«Bin ich zu introvertiert?»
René G.: «Meine Freundin hat sich von mir getrennt. Sie sagt, ich sei viel zu introvertiert. Was versteht man genau darunter? Und kann ich etwas dagegen tun?»
Veröffentlicht am 14. Januar 2011 - 16:33 Uhr
Ursprünglich stammt der Begriff «introvertiert» vom Küsnachter Psychiater Carl Gustav Jung (1875–1961). Er fand ihn nützlich, um zwei verschiedene Typen von Menschen zu unterscheiden: eine eher nach innen gewandte Persönlichkeit und eine nach aussen orientierte Wesensart. Selbstverständlich ist kein Typus besser oder mehr wert. Deshalb sollten Sie auch nichts gegen Ihre Introvertiertheit unternehmen, falls die Diagnose Ihrer Freundin überhaupt zutrifft.
Wichtig ist, dass Sie von einer Partnerin in Ihrem echten Wesen geliebt werden. Mit jemandem, der Sie anders haben will, als Sie sind, können Sie nie glücklich werden. Ausserdem kann man einen Menschen auch nicht auf einen Charakterzug reduzieren. Ihr Wesen umfasst nicht nur eine, sondern viele Dimensionen.
Seit Jahrhunderten wird versucht, die Unterschiedlichkeit menschlichen Erlebens und Verhaltens systematisch zu erfassen. C. G. Jung ist nicht der Erste, der eine psychologische Typologie entwickelt hat – Charakterlehren haben Tradition. So hat zum Beispiel bereits der griechische Arzt und Philosoph Hippokrates vier Temperamente unterschieden. Die Astrologie kennt zwölf Wesensarten, die je einem Sternzeichen zugeordnet werden. Bekannt ist auch das Modell von Ernst Kretschmer, der drei Körperbautypen unterschieden hat – den Pykniker (rundlich), den Leptosomen (langgliedrig) und den Athleten (muskulös) – und diesen bestimmte Charaktereigenschaften zuschrieb. Im Unterschied zu anderen Modellen konnte sich das Konzept der Extravertiertheit bis in die moderne Wissenschaft halten.
Heute versucht man, das Wesen der Menschen mit fünf Dimensionen zu erfassen. Man spricht von den «Big Five»: Extraversion, Offenheit für Erfahrungen, Verträglichkeit, Gewissenhaftigkeit und Neurotizismus.
- Extraversion wird auch Begeisterungsfähigkeit genannt. Personen mit hohen Extraversionswerten sind gesellig, gesprächig, personenorientiert, herzlich, optimistisch und heiter. Sie sind zudem empfänglich für Anregungen und Aufregungen. Introvertierte Personen sind eher zurückhaltend bei sozialen Kontakten, gern allein und unabhängig. Sie können auch sehr aktiv sein, aber nicht in Gesellschaft.
- Personen mit hohen Offenheitswerten beschreiben sich als wissbegierig, intellektuell, phantasievoll, experimentierfreudig und künstlerisch interessiert. Sie verhalten sich häufig unkonventionell und bevorzugen Abwechslung.
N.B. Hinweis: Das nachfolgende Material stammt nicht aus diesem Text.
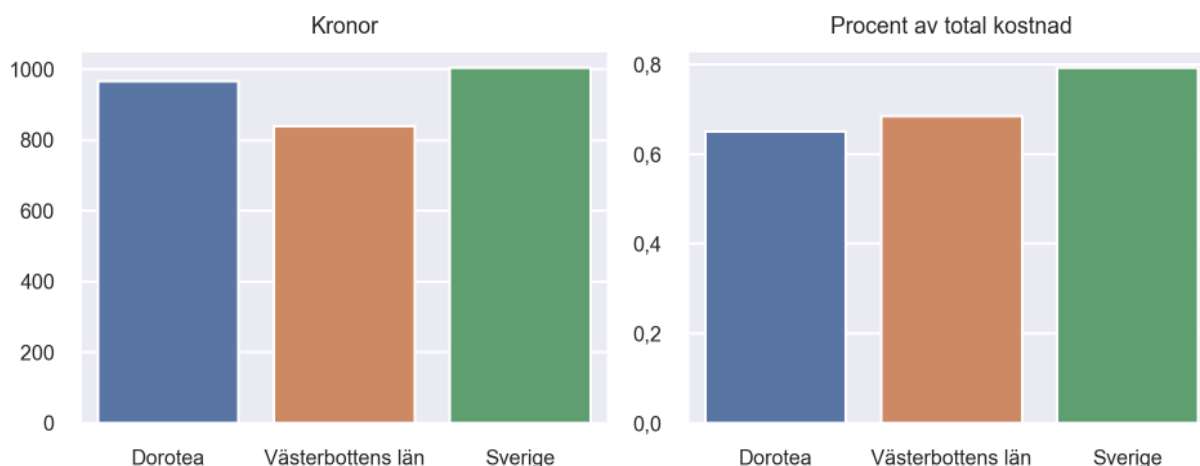

LÄROMEDELSBAROMETERN

Kommunfaktablad för Dorotea

- Dorotea satsade 966 kronor på läromedel per elev 2022, motsvarande 0,65 procent av den totala kostnaden per elev.
- Läromedelsföretagen har föreslagit ett nationellt 1,5-procentmål för läromedel, motsvarande vad som satsas i vårt grannland Finland. **1,5 %-målet för Dorotea uppgår till 2226 kronor per elev.** Dorotea uppnår inte målet och har 1260 kronor upp till det.
- Ingen kommun uppnår 1,5-procentmålet.

Ranking

	Placering i Västerbottens län	Placering i Sverige
Inköp av läromedel	7 av 15	114 av 290
Andel av totalkostnad	9 av 15	164 av 290

Läromedelssatsning per elev

Nyckeltal

	Dorotea	Västerbottens län	Sverige
Läromedelsinköp per elev	966 kr	838 kr	1004 kr
Total kostnad per elev	148 400 kr	122 500 kr	126 700 kr
Läromedelsinköp som andel av totalkostnad	0,65 %	0,68 %	0,79 %
Andel lärare med lärarlegitimation och behörighet i minst ett ämne	74,1 %	78,5 %	71,8 %
Andel elever som lämnar år 9 utan behörighet till gymnasiet	0,0 %	11,9 %	16,3 %

Siffran noll procent elever som saknar behörighet kan omfatta upp till fyra elever enligt Skolverkets statistik.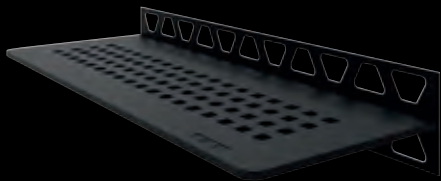

Alu structuur-gecoat
Grafietzwart mat SW S1 D3 MGS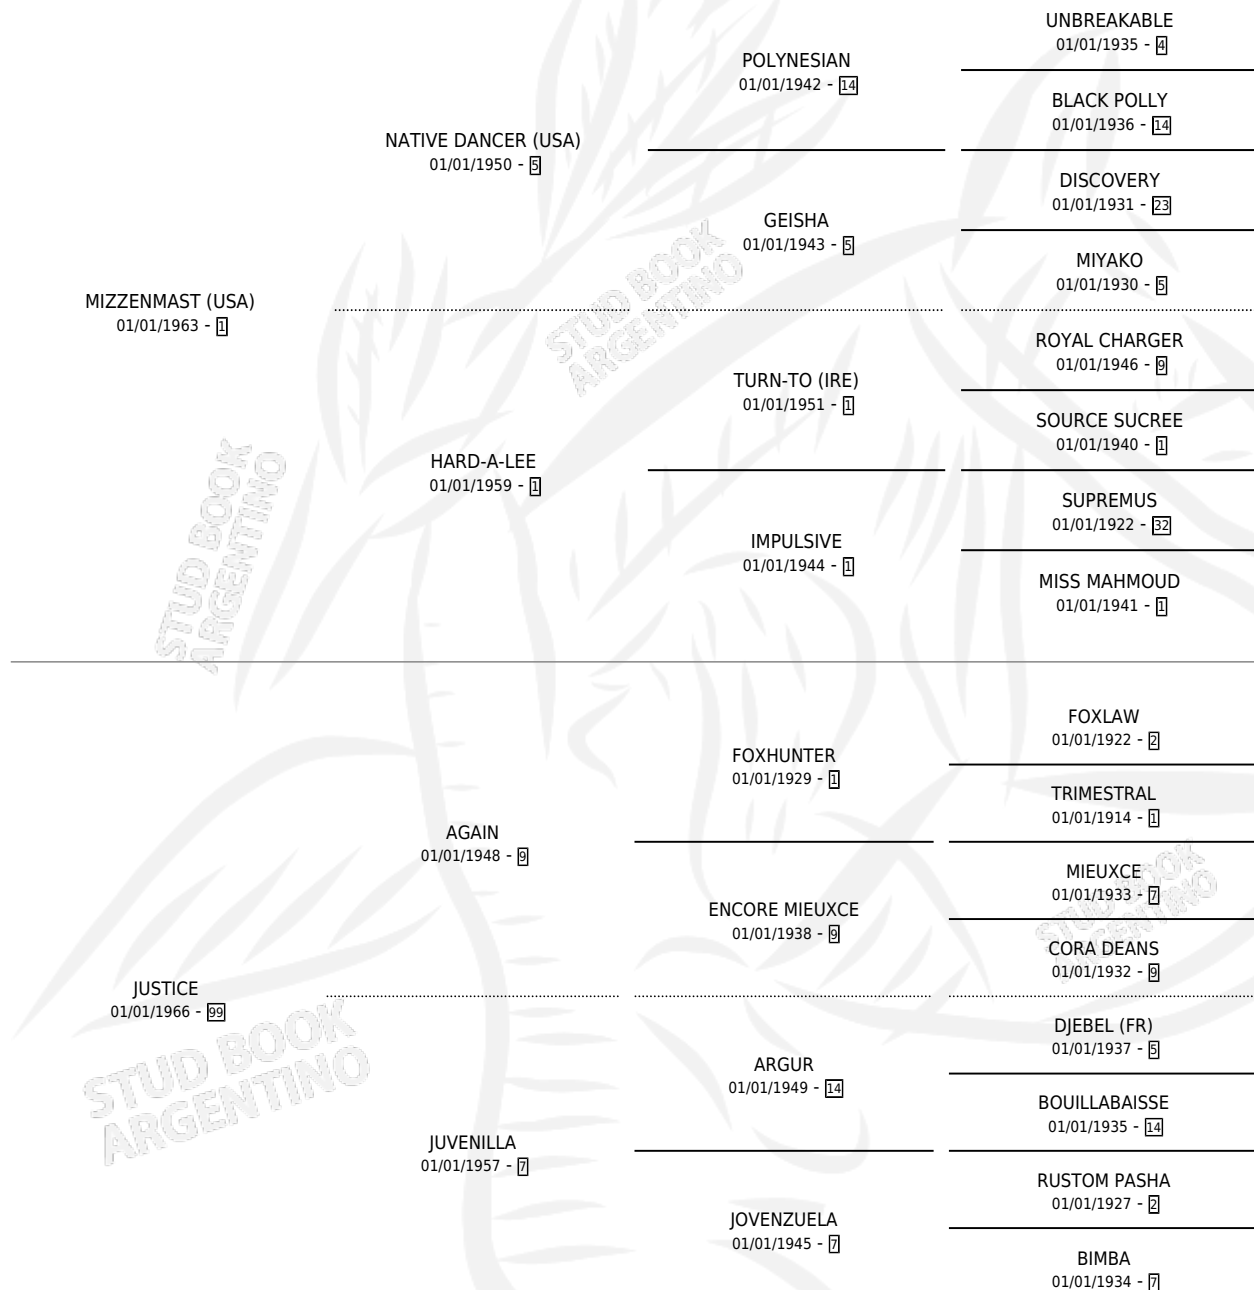

LORLY

por **MIZZENMAST (USA)** y **JUSTICE** por **AGAIN**

Argentina · Hembra · Zaino · SP · 18/10/1975
Familia 99 · Volumen 29

ESTADO

TIPIFICACIÓN SANGUÍNEA	X
TIPIFICACIÓN POR ADN	X
PASAPORTE	X
IDENTIFICACIÓN POR MICROCHIP	X
REPRODUCTOR	X

Lugar de nacimiento: Campo particular

Criador: Sin dato

~

HIJOS

	MACHOS	HEMBRAS
3 NACIERON	2	1
3 CORRIERON	2	1
2 GANARON	2	0
0 GANADORES CL	0 GANADORES GR	0 GANADORES G1

PEDIGREE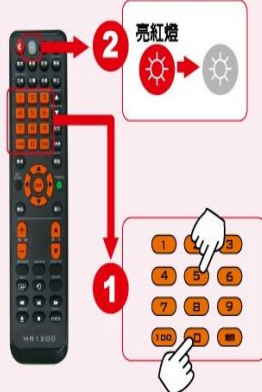

步驟3 設定代碼

1. 輸入遙控代碼（例如05）
2. 輸入完成後，指示燈熄滅

Personen mit niedrigen Offenheitswerten neigen demgegenüber zu konventionellem Verhalten und zu konservativen Einstellungen. Sie ziehen Bekanntes und Bewährtes dem Neuen vor.
- Personen mit hohen Verträglichkeitswerten begegnen anderen mit Verständnis, Wohlwollen und Mitgefühl, sie sind bemüht, anderen zu helfen, und überzeugt, dass diese sich ebenso hilfsbereit verhalten werden. Sie handeln eher kooperativ und sind voller Vertrauen. Personen mit niedrigen Verträglichkeitswerten beschreiben sich im Gegensatz dazu als misstrauisch gegenüber den Absichten anderer Menschen und verhalten sich eher kompetitiv als kooperativ.
- Personen mit hohen Gewissenhaftigkeitswerten handeln organisiert, sorgfältig, planend, verantwortlich, zuverlässig und überlegt. Personen mit niedrigen Gewissenhaftigkeitswerten handeln eher unsorgfältig, unachtsam und ungenau.
- Personen mit einer hohen Ausprägung in Neurotizismus erleben häufiger Angst, Nervosität, Anspannung, Unsicherheit und Verlegenheit. Personen mit niedrigen Neurotizismuswerten sind eher ruhig, zufrieden, stabil, entspannt und sicher. Sie erleben seltener negative Gefühle.
Diese Systematik kann helfen, andere Menschen, aber auch sich selber besser zu verstehen – sie eignet sich aber nicht dazu, andere zu bewerten oder zu kritisieren.